Position: Principal Site Reliability Engineering Specialist (SRE)
Position
Description:
Location:
Edmonton
Open to other locations within proximity to a CGI Office
Hybrid work model
We are hiring a Senior Site Reliability Engineer (SRE) with a strong foundation in building and operating reliable, scalable, and resilient cloud platforms. You bring a reliability and performance engineering mindset to everything you do—balancing operational stability with modernization and automation. In this role, you will apply core SRE practices—including SLIs/SLOs, observability, incident management, and operational automation—while temporarily supporting a regional support strategy engagement focused on assessing and strengthening large-scale operational environments.
You will work closely with platform, operations, and architecture teams to evaluate current-state practices, identify reliability and support gaps, and contribute to the definition of future-state operating models and implementation roadmaps. Beyond this engagement, the role is designed for ongoing, hands-on SRE delivery, where you will lead and implement monitoring, reliability engineering, automation, and tooling across cloud and hybrid environments.
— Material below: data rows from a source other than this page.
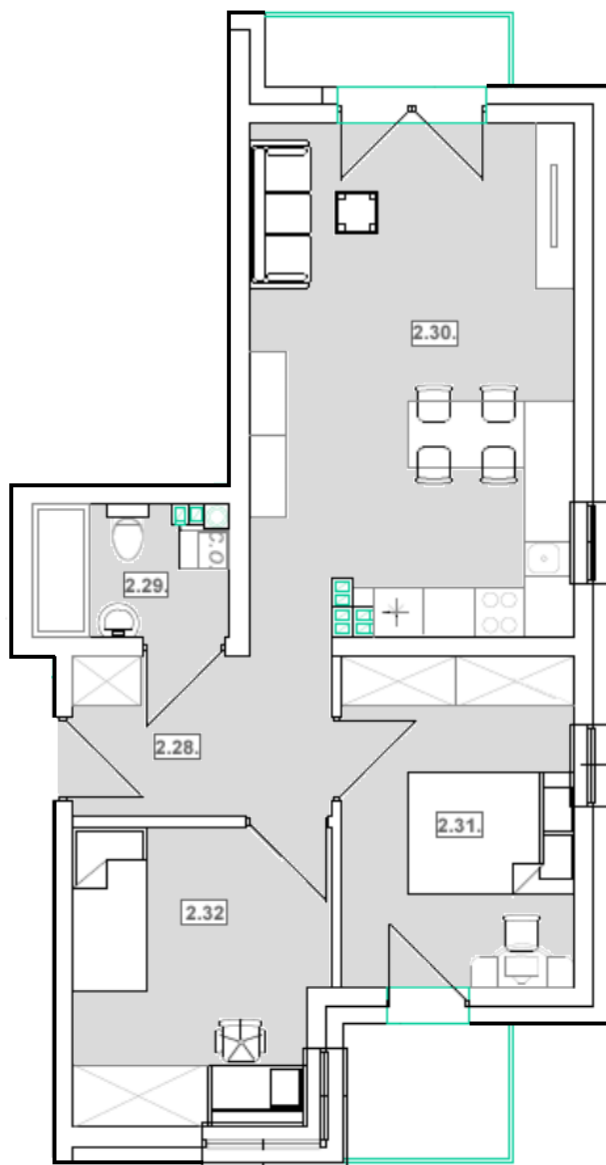

Zielone Osiedle

BUDYNEK

2

POZIOM

1

MIESZKANIE NR

6

MIESZKANIE NR 6

2.28	Przedpokój	7,04
2.29	Łazienka	3,67
2.30	Salon z aneksem kuchennym	23,49
2.31	Sypialnia	11,24
2.32	Sypialnia	10,89

56,33 m²

Balkon 2,68

Balkon 3,48

You will collaborate with cross-functional teams to design, build, and continuously improve platform reliability, engineering standards, and operational excellence practices for mission-critical services. This position places you in a client-facing, high-impact environment, where your technical depth, operational judgment, and ability to translate reliability principles into practical outcomes will directly influence service stability, modernization efforts, and future cloud initiatives. If you are a proven SRE who thrives in complex environments and values both hands-on engineering and operational leadership, this role offers the opportunity to make a meaningful and lasting impact.
Your future duties and responsibilities:
Who are You?
You are a senior Site Reliability Engineer who thrives on solving complex reliability and operational challenges are curious, collaborative, and continuously focused on improving how platforms, infrastructure, and services are operated and supported. Your strength lies in applying sound engineering judgment to real-world operational problems, balancing reliability, performance, and maintainability. You are equally comfortable working hands-on with tools and systems and stepping back to assess how operational practices, support models, and workflows impact service reliability.
You can engage confidently in technical discussions with engineers while also communicating clearly with operational leaders and stakeholders to explain risks, trade-offs, and improvement opportunities.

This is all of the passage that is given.